Freddie Mac said that it is making the data available in an effort to increase investor transparency, which it expects to help investors build more accurate credit performance models in support of Freddie’s credit risk-sharing offerings.
According to Freddie, loan-level actual loss data will be added to its single-family loan-level historical dataset, which covers approximately 17 million 30-year, fixed-rate, single-family mortgages originated between January 1, 1999, and June 30, 2013.
Actual loss and monthly loan performance data, including credit performance information up to and including property disposition, is being disclosed through December 31, 2013, Freddie said.
"It is important for investors to have this expanded view of credit risk, especially as we continue to grow and evolve our credit risk offerings,” said Kevin Palmer, vice president of single-family strategic credit costing and structuring for Freddie Mac.

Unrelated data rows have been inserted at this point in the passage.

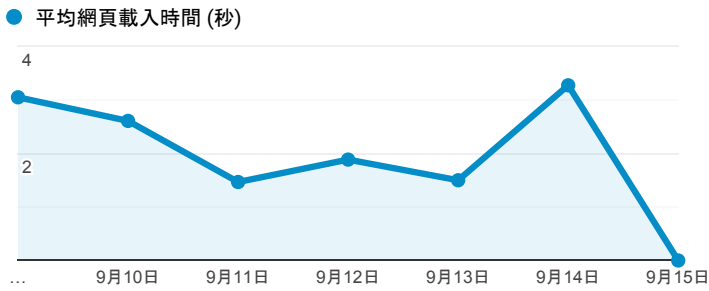

報表03_內容

2019年9月9日 - 2019年9月15日

所有使用者
100.00% 個工作階段

網頁載入平均需時 (秒)

瀏覽量 (依網頁分組)

網頁載入平均需時 (秒)和瀏覽量 (依 網頁 分組)

網頁	平均網頁載入時間 (秒)	瀏覽量
/ePortfolio/ilifeLib.cshtml?ln=zh_TW	10.81	78
/index_detail.aspx?srv=3&category=17	4.75	35
/	2.95	1,557
/index_detail.aspx?srv=3&category=23	2.67	23
/index_detail_share.aspx?id=537C19E76E8126BF	1.87	6
/index_detail.aspx?srv=3&category=15	1.68	3
/tkustudentlink.aspx	1.65	29
/ePortfolio/ilifeStu.cshtml?ln=zh_TW	1.46	586
/ePortfolio/ilifeStuExamList.cshtml	1.26	54
/ePortfolio/ilifeStu.cshtml?ln=en_US	1.18	96

造訪和新造訪率 (依 關鍵字 分組)

關鍵字	工作階段	新工作階段百分比
(not provided)	569	83.30%
amazon	1	100.00%

網頁載入平均需時 (秒) (依瀏覽器分組)

瀏覽器	平均網頁載入時間 (秒)
Safari	2.52
Chrome	2.43

“Having data openly available in the marketplace allows us to expand the amount of risk transferred to private investors."
Throughout the year, Freddie and its GSE counterpart, Fannie Mae, have unveiled new forms of credit risk-sharing offerings in an attempt to offload some of risk currently held by Fannie and Freddie.
Through Freddie’s Structured Agency Credit Risk transactions, the GSE has offered up credit risk-sharing offerings in various forms, including high loan-to-value ratios.
Until breaking new ground in August, the previous Freddie STACR offerings were all supported by loans that carried loan-to-value ratios of between 61%-80%, with an average LTV of roughly 75%.
In the August deal, called STACR 2014-HQ1, Freddie offered up a deal supported by loans with LTV ratios of somewhere between 80% and 95%. The average LTV was 92% and the pool carried a balance of $9.975 billion, spread across 45,112 loans.
And in September, Freddie launched another high-LTV ratio deal, but that one was much larger than the first high-LTV offering. STACR 2014-HQ2 carried an unpaid principal balance of $33.43 billion and a weighted average LTV of 91.6%.
Palmer said that Freddie expects to introduce an actual loss credit offering in its ACIS and STACR programs in 2015. “We are releasing this data now to give potential credit investors sufficient time to get familiar with Freddie Mac's actual loss performance,” Palmer said.